┌─ Information provided

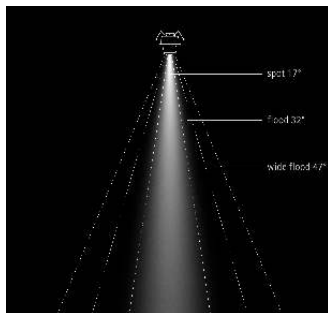

Axis Faretti da incasso

Qualità della luce ERCO
Usiamo solo i migliori LED che offrono un'illuminazione di qualità museale, selezionati in base a criteri molto esigenti in fatto di flusso luminoso, resa cromatica e punto colore.

Grandi prestazioni in dimensioni contenute
Gli apparecchi Axis si caratterizzano per un'efficace tecnologia delle lenti che proietta la luce sulla superficie obiettivo senza dispersioni luminose. Così si creano accenti intensi fino a XYlx a una distanza di Xm.

Lenti, filtri e schermi a nido d'ape
Potete cambiare la distribuzione della luce o modellare la luce inserendo i filtri intercambiabili senza dover mai usare attrezzi. Per un comfort visivo ancora maggiore usate gli snoot e gli schermi a nido d'ape.

Caratteristiche particolari

Qualità della luce ERCO

Grandi prestazioni in dimensioni contenute

Ampia scelta di accessori

High-power LED di ERCO

Efficiente tecnologia Spherolit

Diverse distribuzioni della luce

Diverse tonalità di luce

Eccellente gestione del calore

EMC ottimizzata

Apparecchi miniaturizzati

Inclinabile di 140°

Accessori per il massimo comfort visivo

Dimmerabile con DALI

Casambi Bluetooth

└─

Work item:
Every line with the word "filtri" in it should be copied from the listing above.

Written solution:
Lenti, filtri e schermi a nido d'ape
Potete cambiare la distribuzione della luce o modellare la luce inserendo i filtri intercambiabili senza dover mai usare attrezzi. Per un comfort visivo ancora maggiore usate gli snoot e gli schermi a nido d'ape.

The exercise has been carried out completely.